The film also received a number of negative reviews. Rajeev Masand of IBN Live gave the film 1 out of 5 stars saying "Yuvvraaj doesn't quite hit the right note because it's an archaic drama that feels too tired. Barring a handful of vintage Subhash Ghai moments that still work, the film sadly is far from his best work". Sonia Chopra of Sify gave the film 1.5/5.

===Box office===
Yuvraaj was released with around 1000 prints in India, but it opened to a good response. The film only managed to collect around ₹169.5 million. Box Office India declared it a major flop.

==Soundtrack==

The music is composed by A. R. Rahman and lyrics are written by Gulzar. The score was performed by the Chennai String Orchestra, and utilizes Western classical music and retro disco music. The orchestra also performs Beethoven's Fifth Symphony.

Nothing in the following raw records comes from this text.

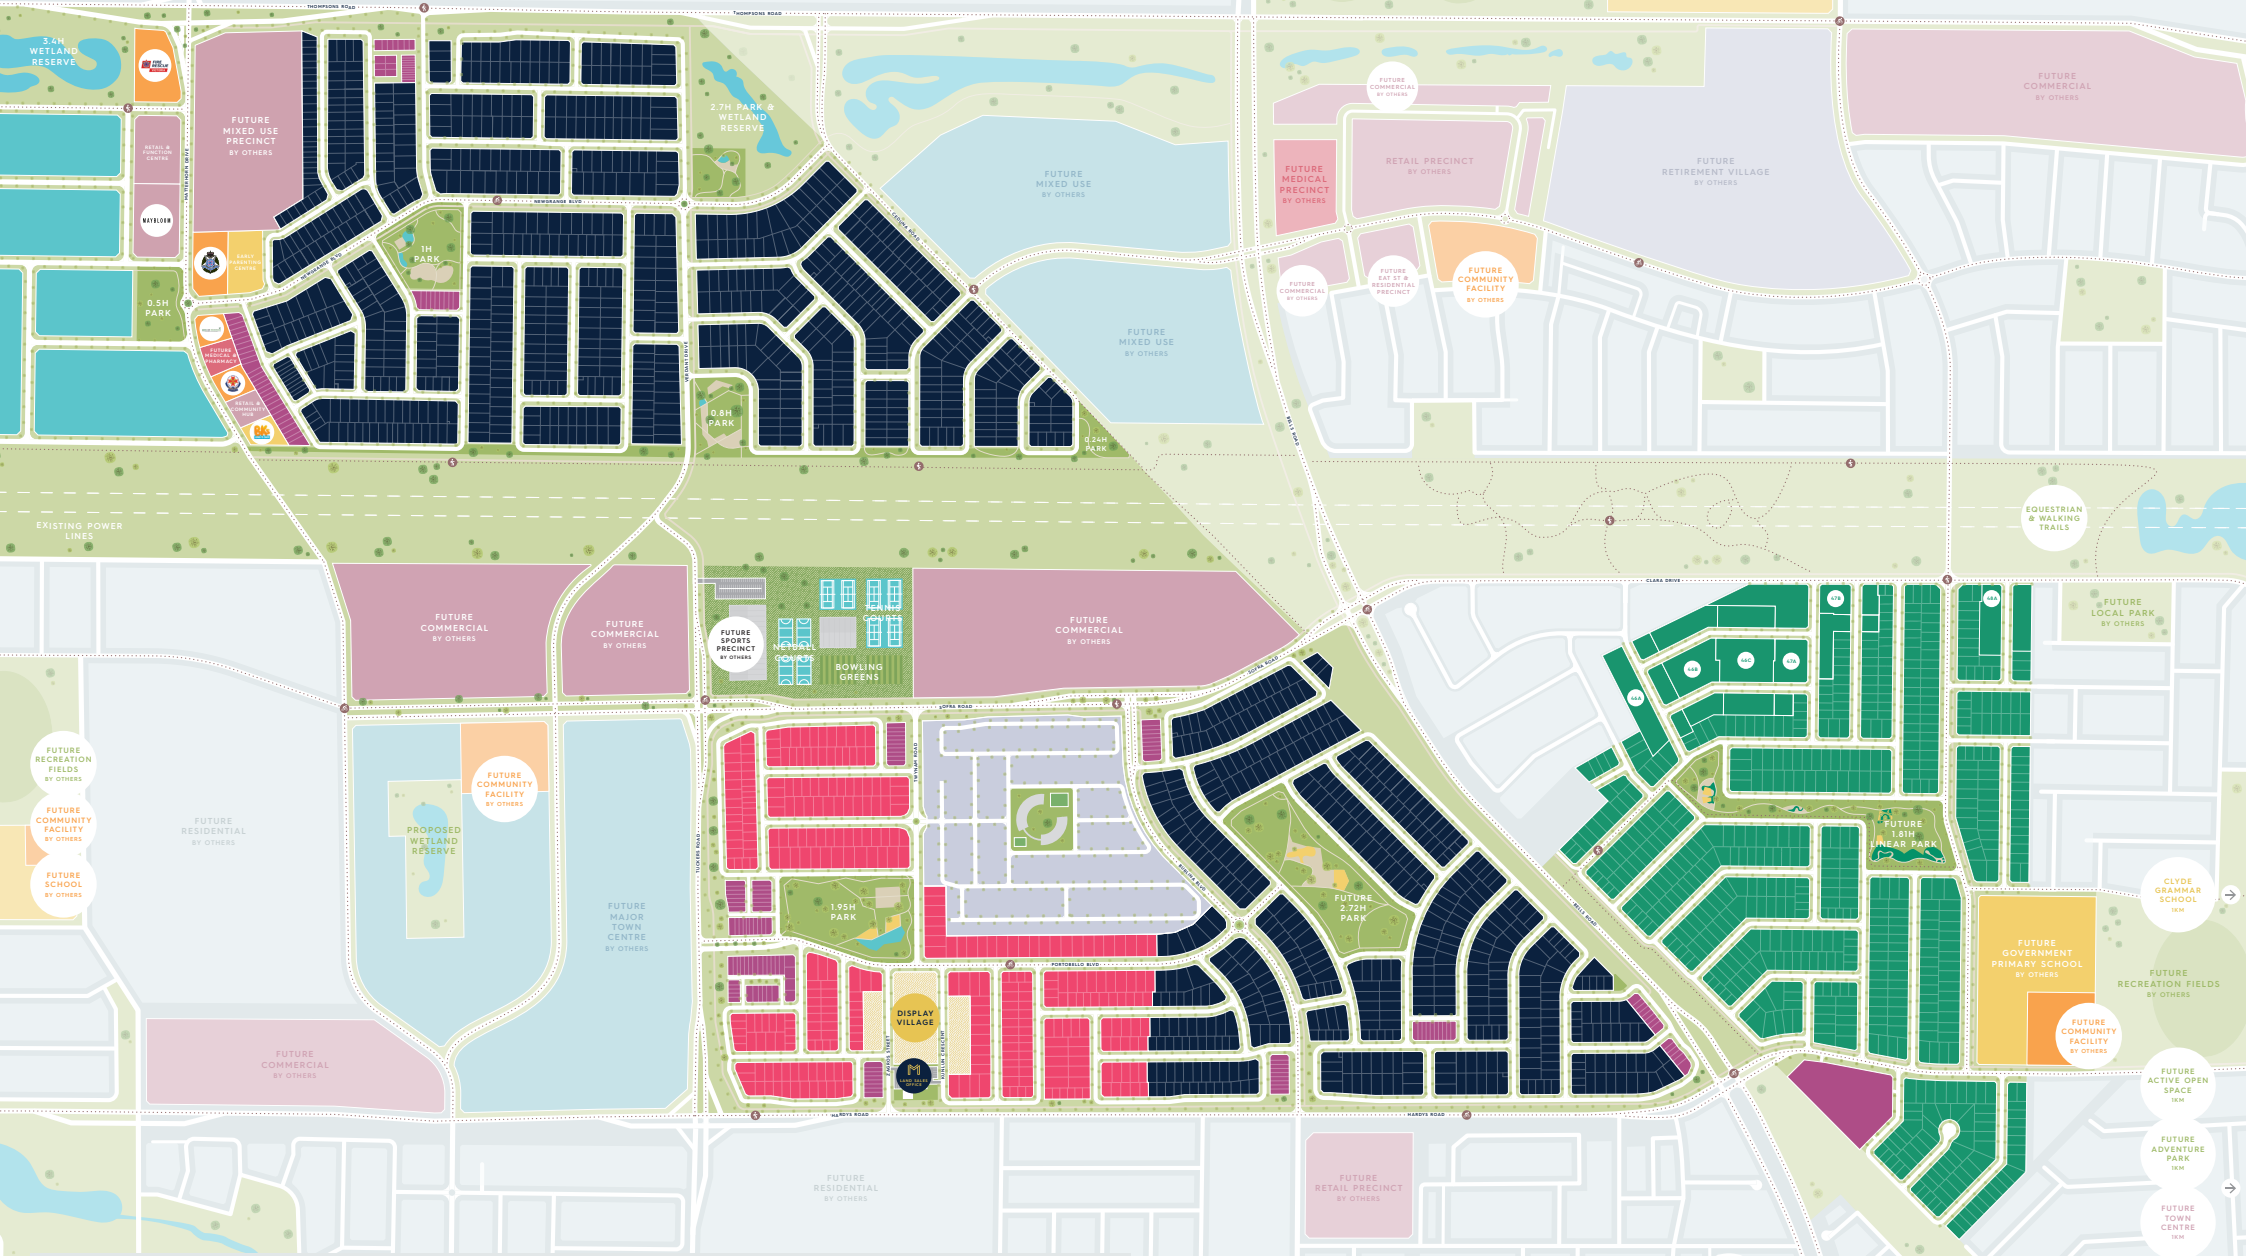

MERIDIAN

CLYDE NORTH

M MERIDIAN
M MERIDIAN GREEN
M MERIDIAN CENTRAL
M MERIDIAN SUMMIT

TOWNHOMES
LIFESTYLE MERIDIAN OVER 50'S COMMUNITY
FUTURE RESIDENTIAL BY OTHERS
SHARED PATHS

ST JOSEPHINE BAKHITA CATHOLIC PRIMARY SCHOOL

CLYDE GRAMMAR SCHOOL
FUTURE RECREATION FIELDS
FUTURE ACTIVE OPEN SPACE
FUTURE ADVENTURE PARK
FUTURE TOWN CENTRE
FUTURE GOV. PRIMARY SCHOOL

The soundtrack album was released on 15 October 2008.

Track list
| No. | Title | Artist(s) | Length |
|---|---|---|---|
| 1. | "Main Hoon Yuvvraaj" | Salman Khan | 1:13 |
| 2. | "Tu Meri Dost Hai" | Benny Dayal, Shreya Ghoshal, A. R. Rahman | 6:13 |
| 3. | "Shanno Shanno" | Karthik, Sonu Nigam, Naresh Iyer, Srinivas, Timmy, Sunaina, Vivienne Pocha, Tina, Blaaze | 6:22 |
| 4. | "Tu Muskura" | Alka Yagnik, Javed Ali, A. R. Rahman | 5:37 |
| 5. | "Mastam Mastam" | Sonu Nigam, Alka Yagnik, Benny Dayal, Naresh Iyer | 6:17 |
| 6. | "Zindagi" | Srinivas | 5:06 |
| 7. | "Dil Ka Rishta" | Sonu Nigam, Roop Kumar Rathod, A. R. Rahman, Clinton Cerejo, Suzanne D'Mello, Vivienne Pocha, Sunaina, Benny Dayal, Naresh Iyer, Blaaze | 7:39 |
| 8. | "Manmohini Morey" | Vijay Prakash | 3:11 |
| 9. | "Shanno Shanno" (remix by Krishna Chetan) | Karthik, Sonu Nigam, Naresh Iyer, Srinivas, Timmy, Sunaina, Vivienne Pocha, Tina, Blaaze | 2:38 |

===Reception===
The album received positive reviews. Rediff.com gave it 4 out of 5 stars and said Rahman excels in Yuvvraaj.